— И кто бы мог подумать, что наш Яшка на такие номера способен! — с прежним удивлением покачивал головой Базиль.
— Ты слушай дальше. «Откуда ж вы такой быстрый взялись? — чуть потеплела Екатерина Андреевна. — Впервые таких скакунов вижу». — «А у нас, — скромно заметил Яша, — темперамент такой южный, хотя мы и северных кровей…»
За столом так все и грохнули, улыбнулась и Аня, сдержанно, немного растерянно. Ну, ребята, конечно, знали, что между Яшей и Аней тянулась своя история, вернее, знали так: Яша безнадежно влюблен в Аню, а та неприступна, память о Кольше — святая для нее вещь; а знать о той ночи, которая случилась между ними… никто, конечно, даже и представить себе не мог, что такое может случиться, поэтому на Яшины «страдания» смотрели привычно, обыденно: хочется человеку мучиться — и мучайся. И уж, конечно, когда Аня вдруг собралась и уехала на Урал, никак не связывали это с отношениями между Яшей и Аней, ясно было одно — у Ани дома свекровь, сын, сколько здесь ни держись за Кольшину память — там тебя ждет жизнь, твоя, кровная, от нее никуда не спрячешься — не скроешься. Ну, уехала Аня, как-то, правда, очень уж внезапно, толком ни с кем не попрощавшись, будто испугавшись чего-то, взяла расчет и… ну, а раз уехала, значит, так надо, при чем тут связывать этот отъезд с Яшей, с его безнадежной любовью? Стукнуло его тогда малость, было дело, перетрухнули ребята, с Аней тоже не поймешь что творилось, в истерике была, но… прошло все, прошло — и ладно. И может, это даже хорошо, что Аня тогда уехала, надеяться Яше было уже больше не на что, вот он и задумал жениться, враз, чтоб отрезать от себя прошлое, муку свою мученическую.

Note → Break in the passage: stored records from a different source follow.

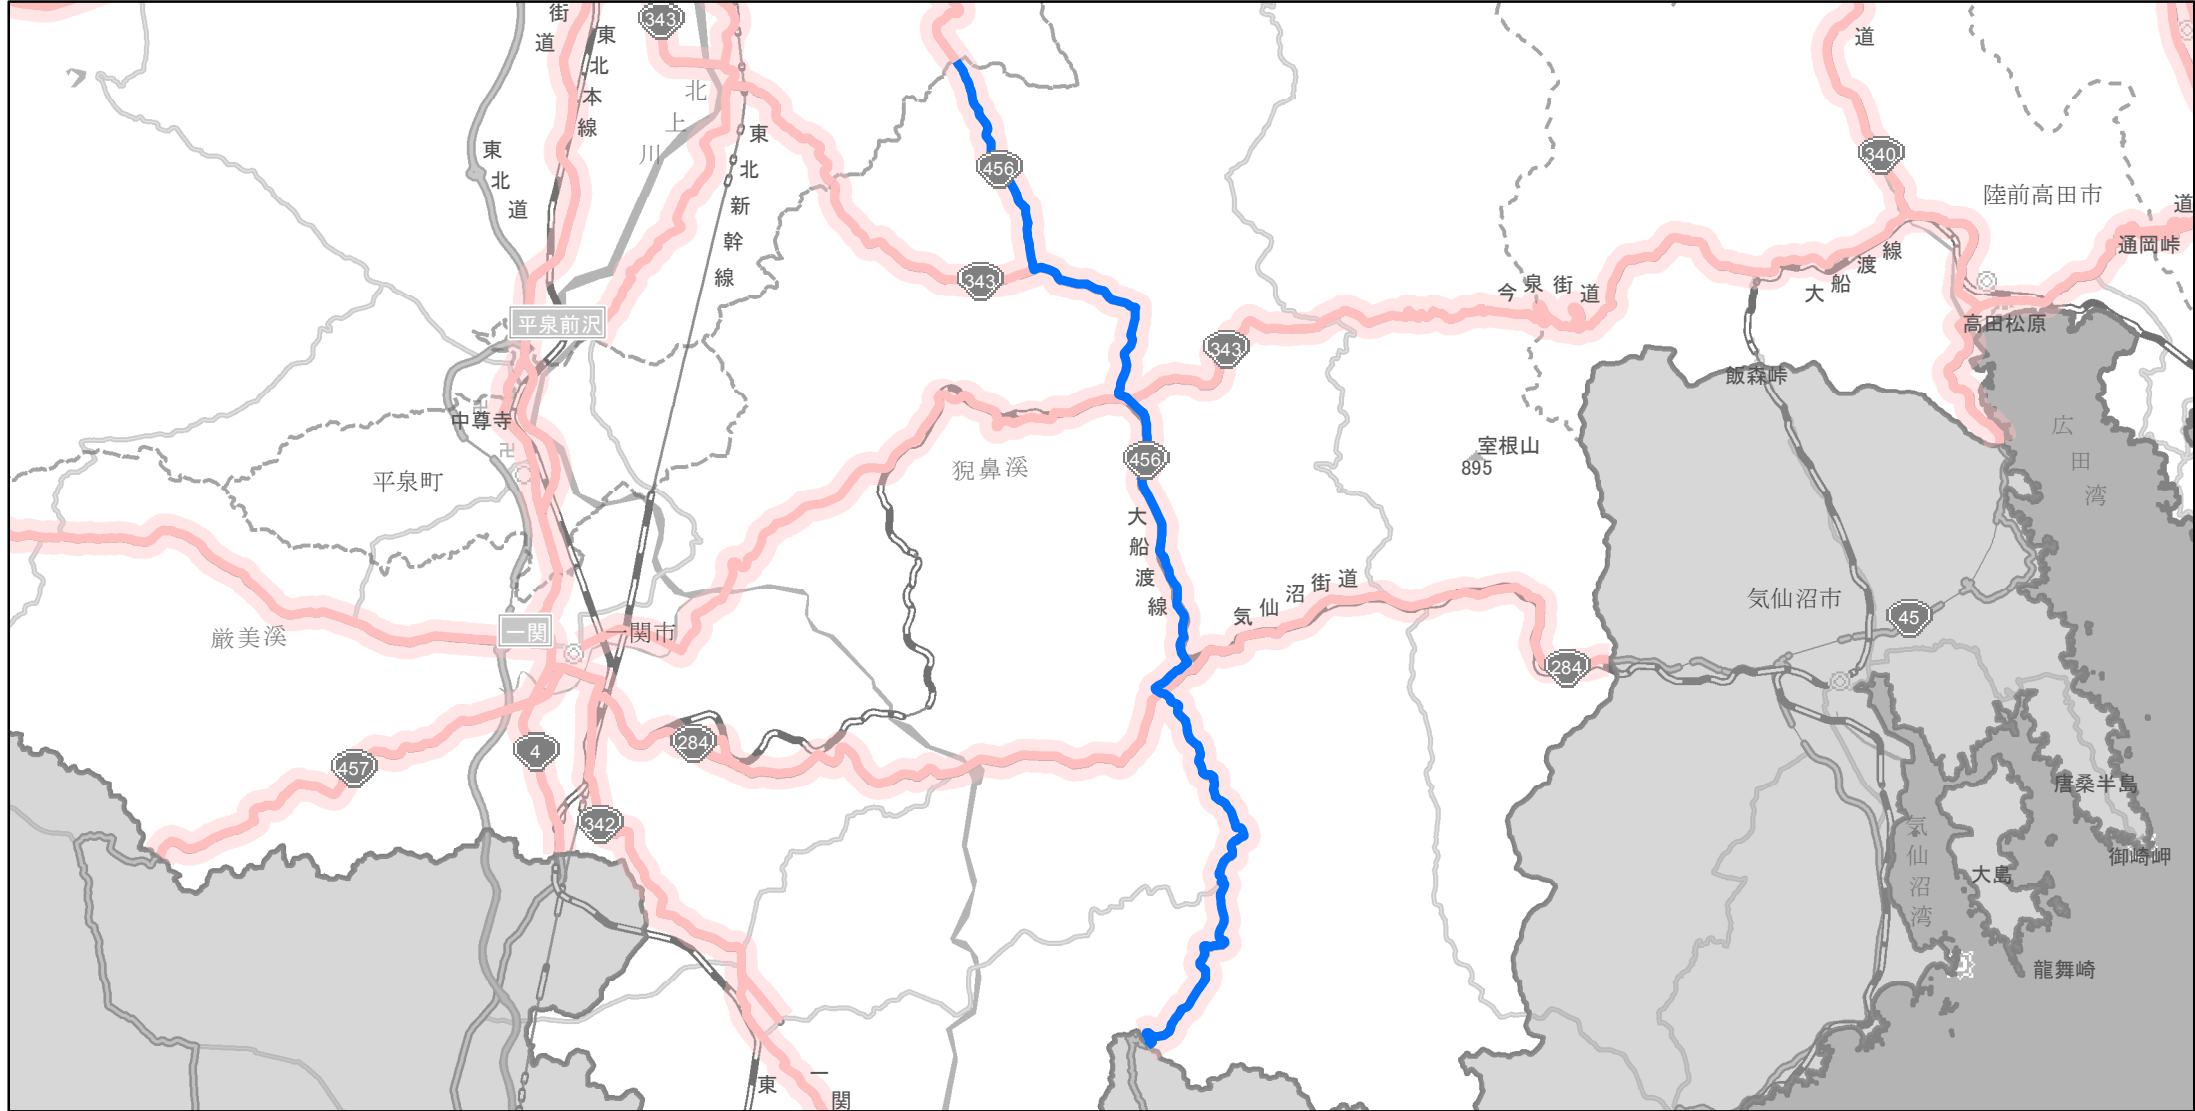

# 【岩手県】EV・PHV充電設備設置マップ

## 【主要道路等沿線（幅500m）】No.108

幹線国道 10km毎に2箇所  
 高標高地域を通過する路線 15km毎に2箇所  
 地方国道等（上記以外） 20km毎に2箇所

急速充電設備 0箇所  
 普通充電設備 0箇所  
 急速もしくは普通充電設備 4箇所

一関市国道456号線沿い

(C) PASCO (C) INCREMENT P

- 主要道路等沿線
- 主要道路等沿線(その他)
- 設置範囲
- 隣接都道府県

0 4 8 km

— «Темперамент, — говорит Екатерина Андреевна, — темпераментом, но ведь я — не лошадь, чтоб меня объезживать. Надо, — говорит, — дорогой Яков Петрович, к женщине обхождение иметь». — «Иметь имею, — заблеял Яша, — да сказать не умею. Вот один только вопрос и крутится в голове — выходите за меня замуж!» — и стучит серебряным копытцем по земле, аж искры до небес летят.
— Ну, ты уж начал тоже… Ты по делу говори, а то понес ерундистику…
— Не, ребята, — сказал Сашка Ерохин, — она баба ничего оказалась. Своя. Я на свадьбе прям втюрился…
И снова все грохнули за столом — кто и говорит-то о бабах? — Сашка, бабу-то ни одну не обнимавший; и говорит-то как — с пониманием, со значением — захмелел, захмелел у них Сашок…
Жизнь для Ани опять, в который уж раз, повернулась какой-то новой, неожиданной плоскостью, и нельзя сказать, что она сидела подавленная, уничтоженная, нет, она скорее была удивлена, и больше всего удивлена собой, потому что сколько живет — столько и строит разные планы, а других людей, а других жизней вовсе и не принимает в расчет, будто у других и быть не может никаких изменений или обстоятельств… И вот ехала сюда, летела, думала: сказать надо Яше, признаться, решить все, обдумать, а тут, оказывается, вон уже что… Сидела она бледней, чем обычно, внутри все обвалилось, рухнула какая-то уж совсем наипоследнейшая надежда, надеяться больше не на кого, только на себя. На себя. Сжалась душа в комочек, горечью отдавало внутри, горечью и растерянностью, но виду она старалась не подавать. Что надо знать о них с Яшей, ребята уже знали, а большего им знать ни к чему.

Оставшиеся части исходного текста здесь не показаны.